My, there’s been a lot of spirited debate about mortgage stress lately!
For what it’s worth, I expect to see reported mortgage arrears rising from here, though it doesn’t automatically follow that the outlook is therefore deteriorating.
To show what I mean, below you can see that the sharp rise in the unemployment rate during the financial crisis led to a corresponding increase in non-performing housing loans over the following 24 months, if not to a particularly high level.
The impact of loan arrears wasn’t immediate, since most mortgagees have a certain level of savings, a buffer, or another contingency plan in case of a period of unemployment.
But where the unemployment rate stays elevated for a sustained period, this is likely to be reflected in mortgage arrears over time.

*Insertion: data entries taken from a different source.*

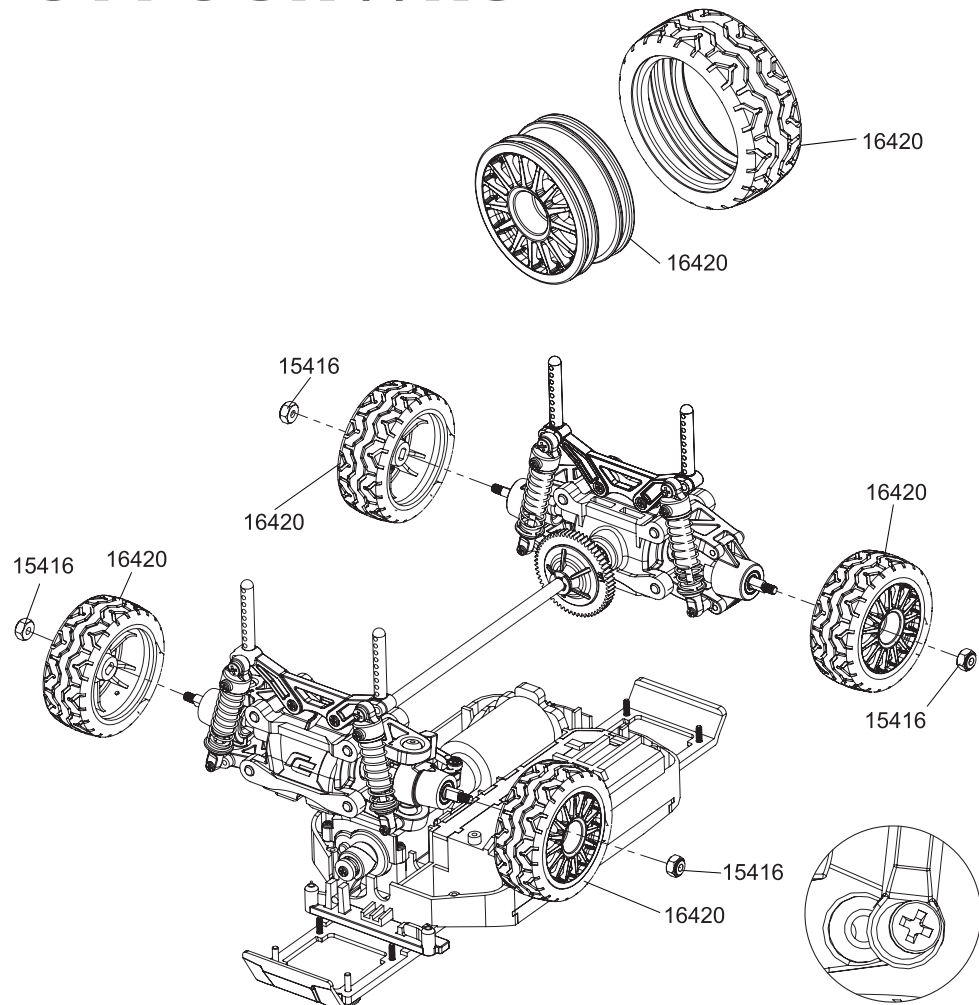

TOYOTA CELICA GT-FOUR WRC

Visit us on www.carisma-shop.com
請到: www.carisma-shop.com
Visitateci su www.carisma-shop.com
Besuchen sie uns auf www.carisma-shop.com
Visitez notre site www.carisma-shop.com
www.carisma-shop.com で私達を訪問します

CE AND FCC

FOR DETAILED MANUAL AND PARTS FINDER. PLEASE GO TO HERE
有关详细的手册和零件查找器。请到这里
PER MANUALE DETAGLIATO E RICERCA PARTI. PER FAVORE, VAI QUI
FÜR DETAILIERTE HANDBUCH UND TEILESUCHE. BITTE GEHEN SIE HIER
POUR LE MANUEL DÉTAILLÉ ET LA RECHERCHE DE PIÈCES. VEUILLEZ ALLER ICI
詳細なマニュアルと部品の詳細については。ここに行ってください

PART DESCRIPTION

15416	GT24B PLASTIC SCREW NUT FOR WHEEL
16133	GT24I20 HARDWARE SET
16420	GT24 MITSUBISHI LANCER EVOLUTION IV WRC WHITE WHEELS AND TIRES SET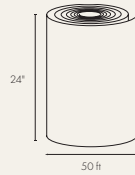

No-Mar Q5000®

IsoCoil®

SIZE	SKU	METAL/ THICKNESS	FINISH	LENGTH & SHIPPING	NOTES	COLOR AVAILABILITY
24" x 50 ft	TNOMAR	Aluminum 0.019"	No-Mar Q5000	1 roll 28 lb/roll 48 carton 26 pallet	Pebble	LIMITED SYSTEM COLORS 518 Black [BLK] 502 Brown [B] 827 Champagne [CAB] 807 Clay [C] 606 Cozy Cottage [CC] 327 Desert Tan [DTAN] 301 Dragonfly [DFLY] 503 Eggshell [EGG] 605 Eldridge Gray [EG] 522 Forest [FOR] 204 Granite [GRT204] 460 Great Water [GRWT] 461 Harbor Mist [HMST] 819 Herringbone [HER] 414 Ironstone [IRNS] 507 Mocha [MOC] 303 Morning Fog [MORF] 508 Musket [MUS] 521 Navy [NB] 509 Norwood [NOR] 805 Pewter [P805] 304 Pomegranate [POM] 306 Quartz [QZ] 307 Ripe Olive [RO] 177 Sandy Beige [SB177] 462 Silver Lining [SVRL] 424 Slate [SLA] 523 Snowmist [SMT] 511 Terratone [TER] 305 Thunder Cloud [THCL] 280 White [W] 809 Wicker [WIC] 604 Wineberry [WBER] 526 Andersen White/ 525 Andersen Terratone [NOMARANDW/ANDTER] P68 Bright White [NMBW] 505 Green [GRE]

SIZE	SKU	METAL/ THICKNESS	FINISH	LENGTH & SHIPPING	NOTES	COLOR AVAILABILITY
24" x 50 ft	TISO	Aluminum 0.025"	Top: Q800 TuffTech Backing: Corrosion- resistant Vinyl	1 roll 25 lb/roll 48 carton 26 pallet	Smooth	502 Brown [B] 807 Clay [C] 280 White [W]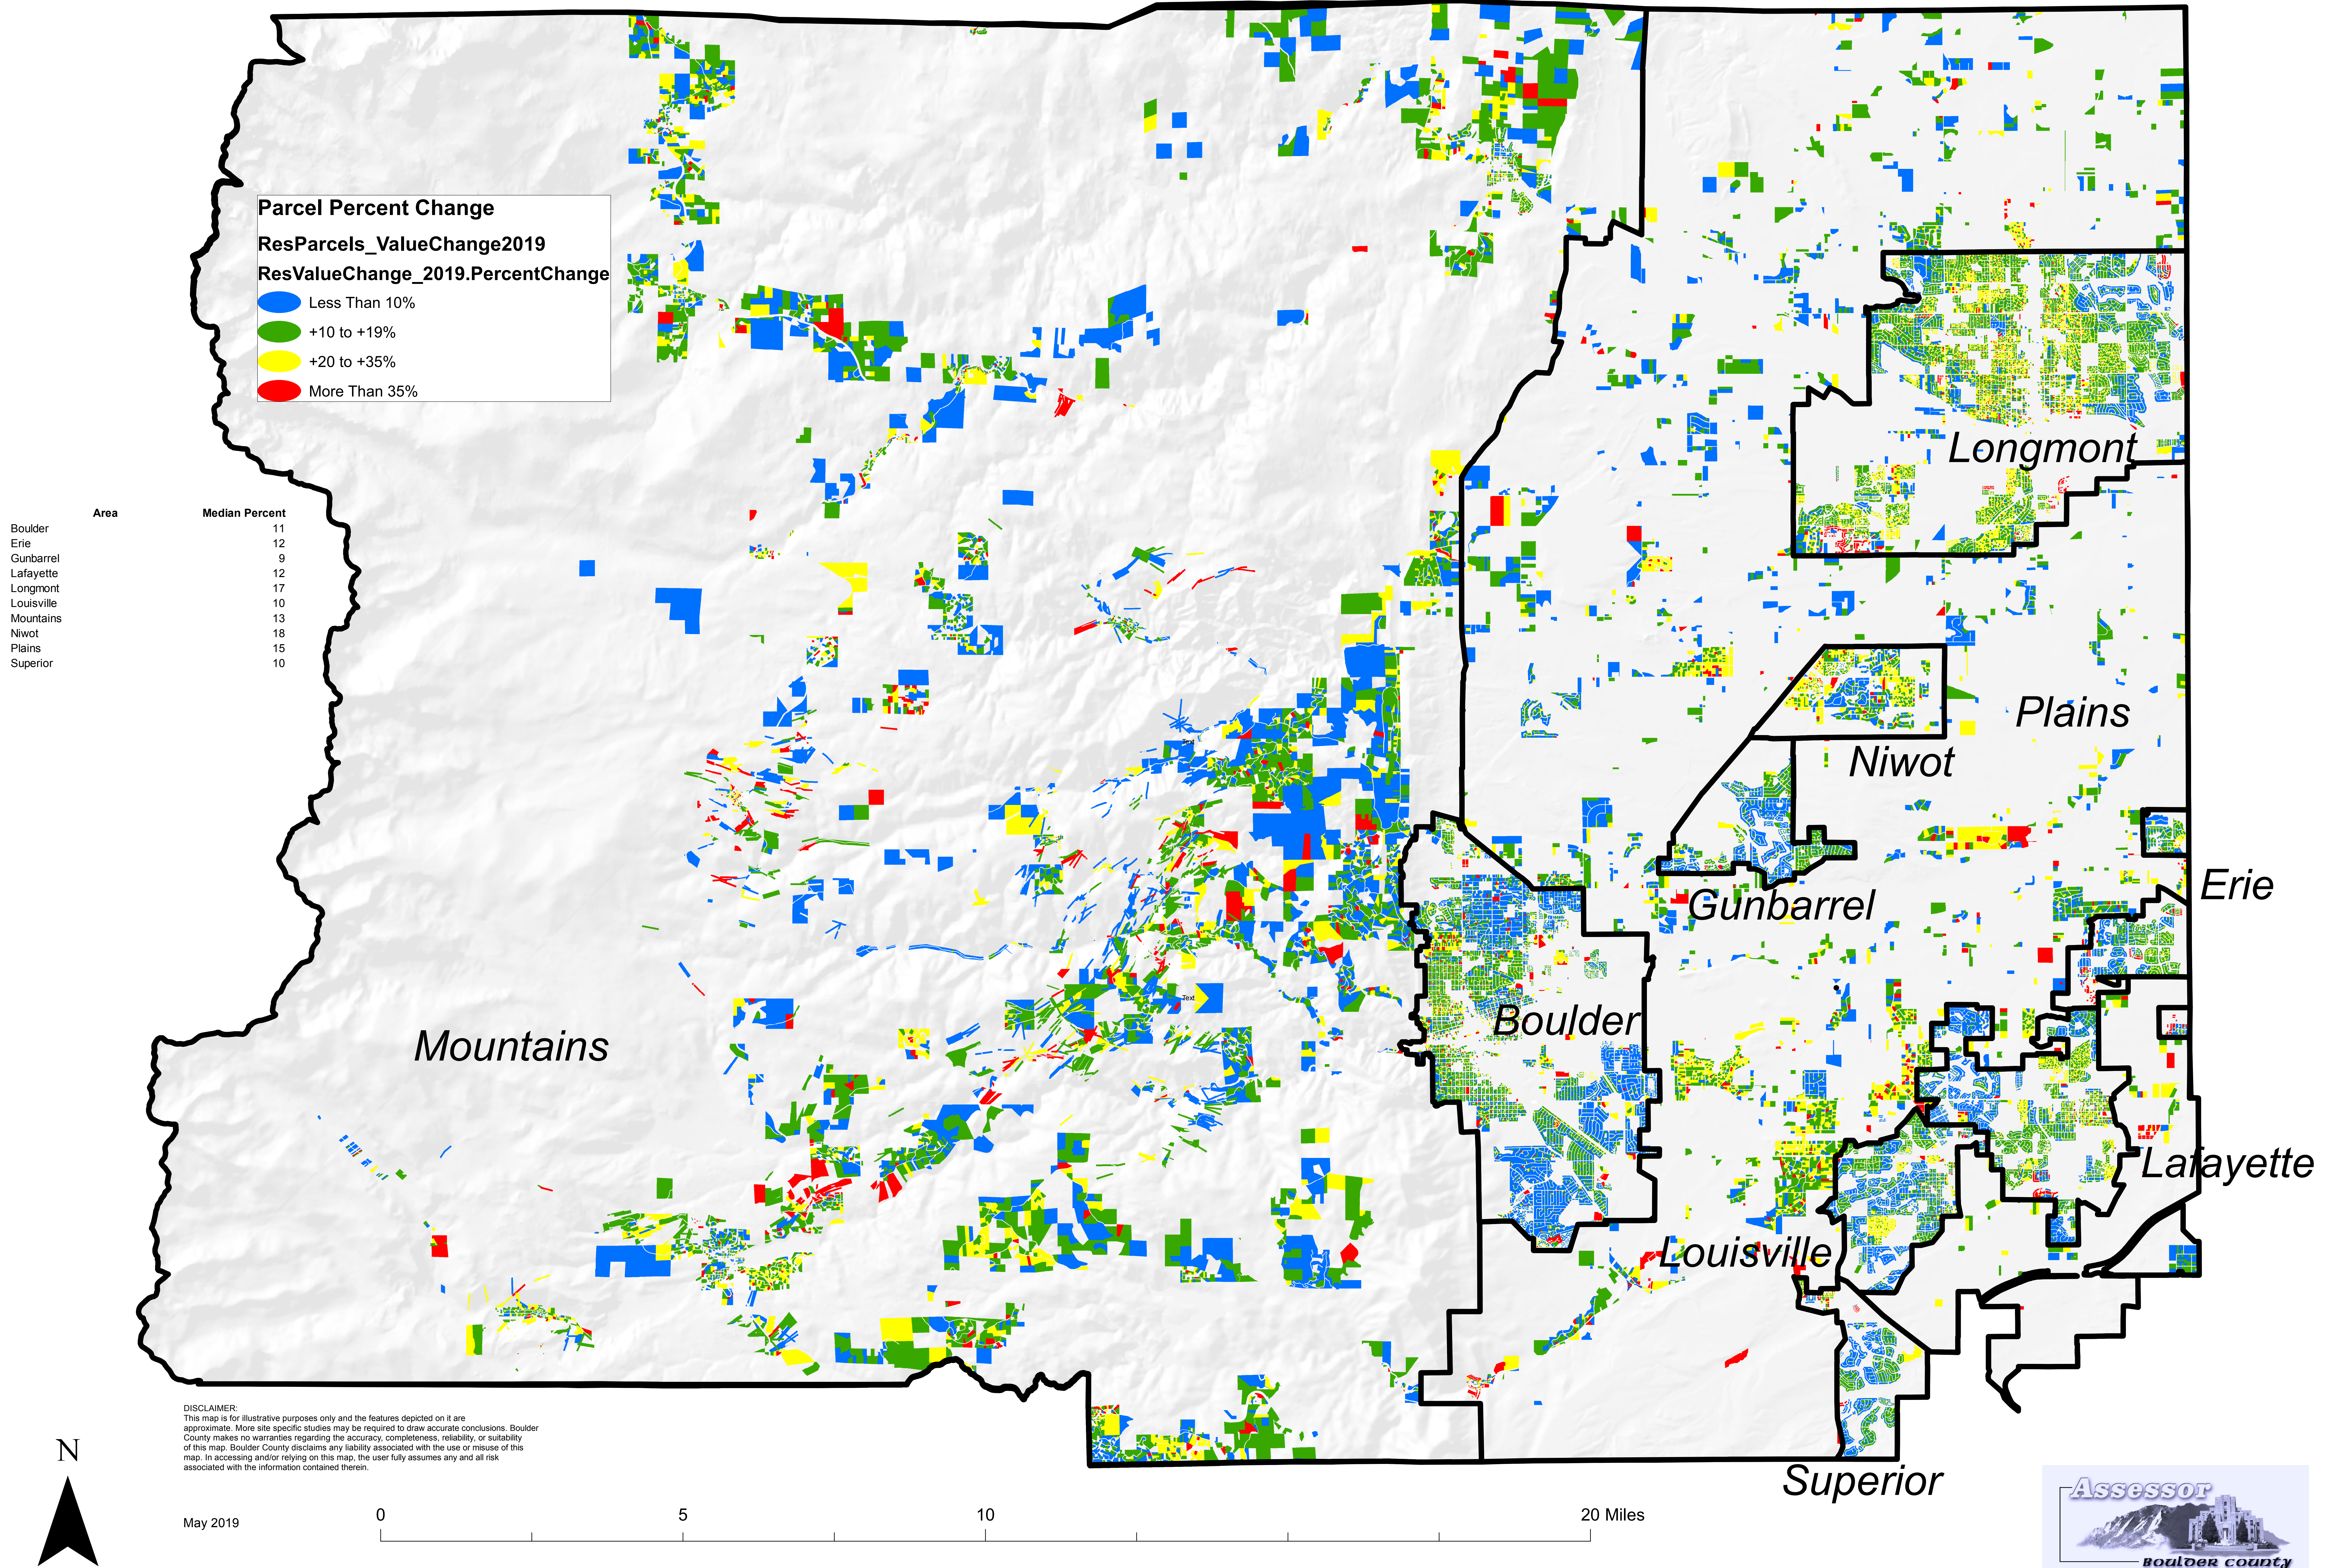

Boulder County: Single Family and Townhome 2017 to 2019 Median Value Change

Parcel Percent Change
ResParcels_ValueChange2019
ResValueChange_2019.PercentChange

- Less Than 10%
- +10 to +19%
- +20 to +35%
- More Than 35%

Area	Median Percent
Boulder	11
Erie	12
Gunbarrel	9
Lafayette	12
Longmont	17
Louisville	10
Mountains	13
Niwot	18
Plains	15
Superior	10

May 2019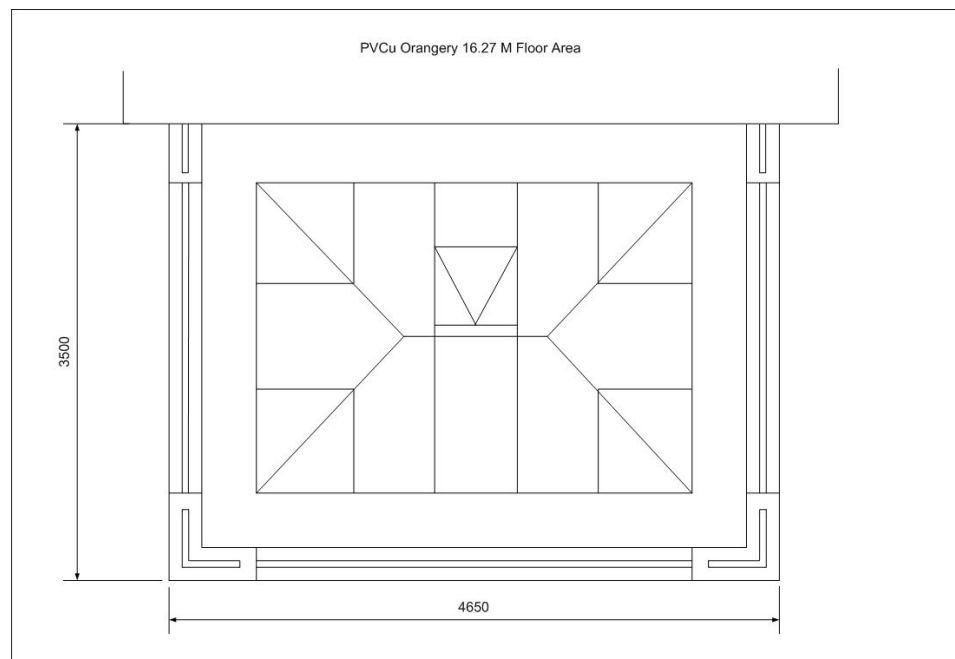

PVCu Orangery
16.27 Square Metres

- Base & Brickwork
- Conservatory
- Installation

● Base & Brickwork from	£ 7335.00
● Conservatory Sold as seen on site	£ 5000.00
● Installation from	£ 2976.00
● Grand Total	£ 15311.00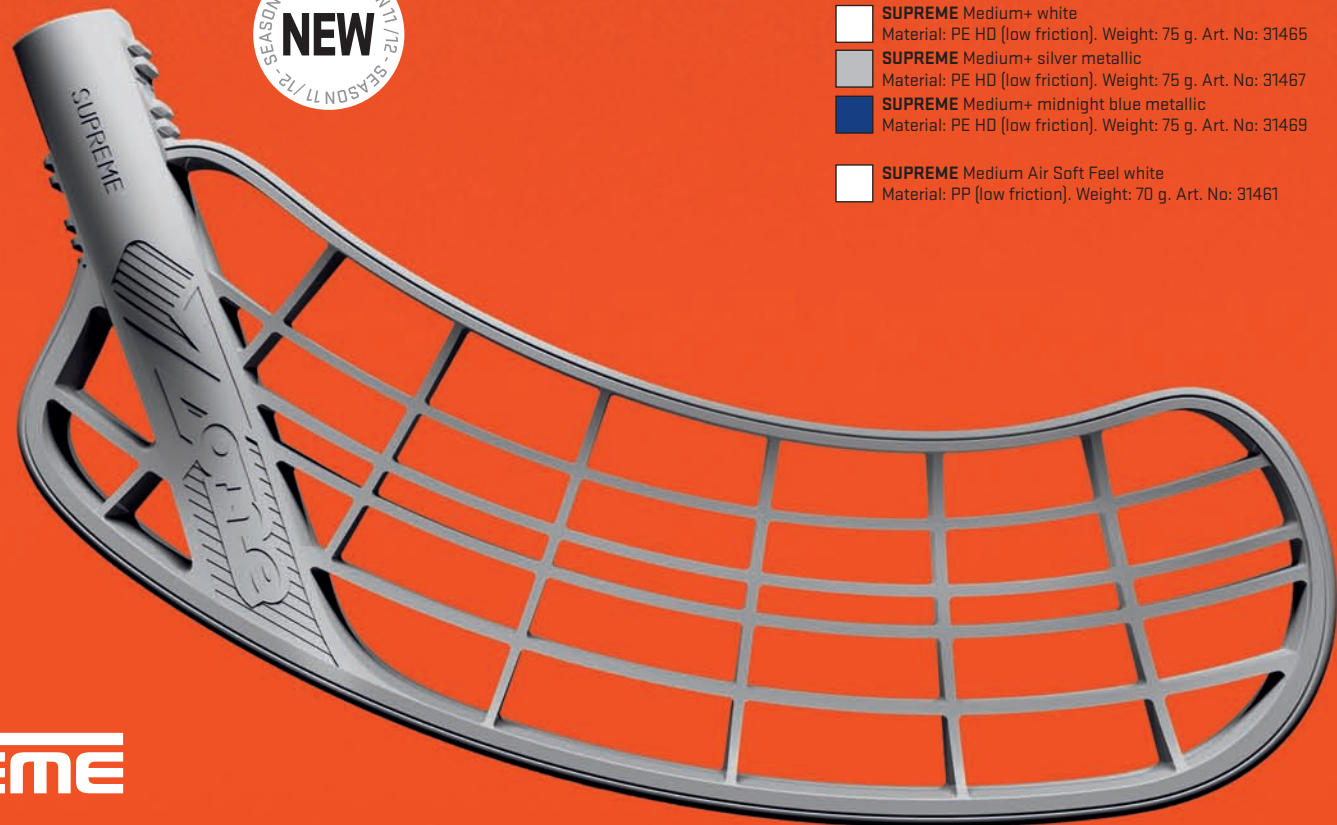

Blades

- **SUPREME** Medium+ black
  Material: PE HD (low friction). Weight: 75 g. Art. No: 31463
- **SUPREME** Medium+ white
  Material: PE HD (low friction). Weight: 75 g. Art. No: 31465
- **SUPREME** Medium+ silver metallic
  Material: PE HD (low friction). Weight: 75 g. Art. No: 31467
- **SUPREME** Medium+ midnight blue metallic
  Material: PE HD (low friction). Weight: 75 g. Art. No: 31469

- **SUPREME** Medium Air Soft Feel white
  Material: PP (low friction). Weight: 70 g. Art. No: 31461

SUPREME

SUPREME is designed to be a model that suits all player types. By setting these demands, we also needed to increase our efforts and make something special. When we created SUPREME we took the best parts from the best blades and put them together. The result is true functionality. After months of testing, trying and redesigning, the SUPREME blade was born. This is a blade that is a good complement to the MASTERPIECE blade. A bit stiffer, a bit more concave but with the same playing skills. SUPREME is here to stay!

- **MASTERPIECE** Medium+ neon orange
  Material: PE HD (low friction). Weight: 77 g. Art. No: 31448
- **MASTERPIECE** Medium+ white
  Material: PE HD (low friction). Weight: 77 g. Art. No: 31442
- **MASTERPIECE** Medium+ black
  Material: PE HD (low friction). Weight: 77 g. Art. No: 31440
- **MASTERPIECE** Medium+ yellow
  Material: PE HD (low friction). Weight: 77 g. Art. No: 31444
- **MASTERPIECE** Medium+ pearl white
  Material: PE HD (low friction). Weight: 77 g. Art. No: 31446
- **MASTERPIECE** Medium grass green
  Material: PE HD (low friction). Weight: 77 g. Art. No: 31454

- **MASTERPIECE** Medium Air Soft Feel black
  Material: PP (low friction). Weight: 71 g. Art. No: 31436
- **MASTERPIECE** Medium Air Soft Feel silver
  Material: PP (low friction). Weight: 71 g. Art. No: 31438
- **MASTERPIECE** Medium Air Soft Feel blood red
  Material: PP (low friction). Weight: 71 g. Art. No: 31434
- **MASTERPIECE** Medium Air Soft Feel neon yellow
  Material: PP (low friction). Weight: 71 g. Art. No: 31432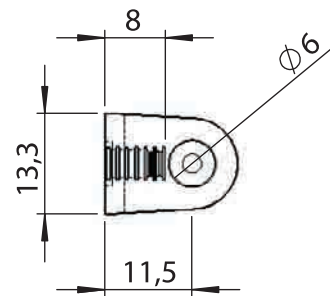

Side Hinges

Material

Housing : Polyamide (PA6 GFR30), black
Pin : Steel, zinc plated

3068 - 180° Lift Off Hinge

Item Number	3068 - 100
-------------	------------

LH/RH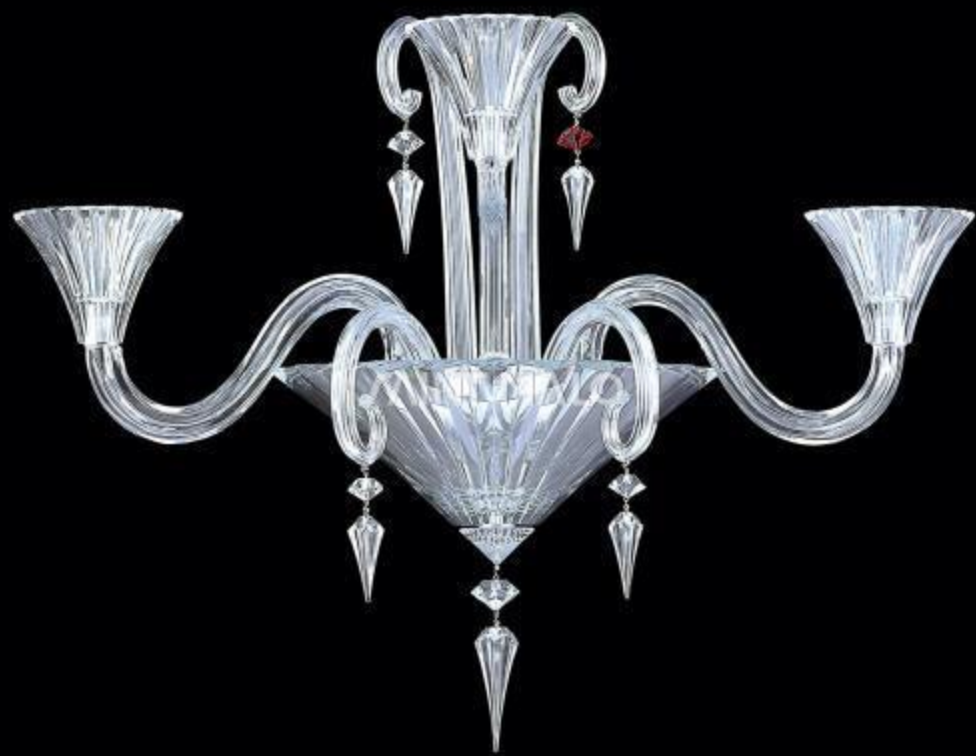

BKY-W123 | ST.MALO

3-light wall lamp
W840 E410 H640 mm
3×25W G9
Chrome

Each cycle is likely to be somewhat different from the last, but recently implemented macroprudential measures and tightening of interest-only lending rates might see arrears rising further towards 1 per cent.
Since the peak of the resources construction boom in mid-2012, the unemployment rate increased steadily to a monthly peak of well above 6 per cent in late 2014.
The good news is that, after a relatively gradual increase, the rate of unemployment has been trending lower for the past three years, and to date there has only been a modest rise in non-performing loans, mostly in Western Australia and parts of Queensland.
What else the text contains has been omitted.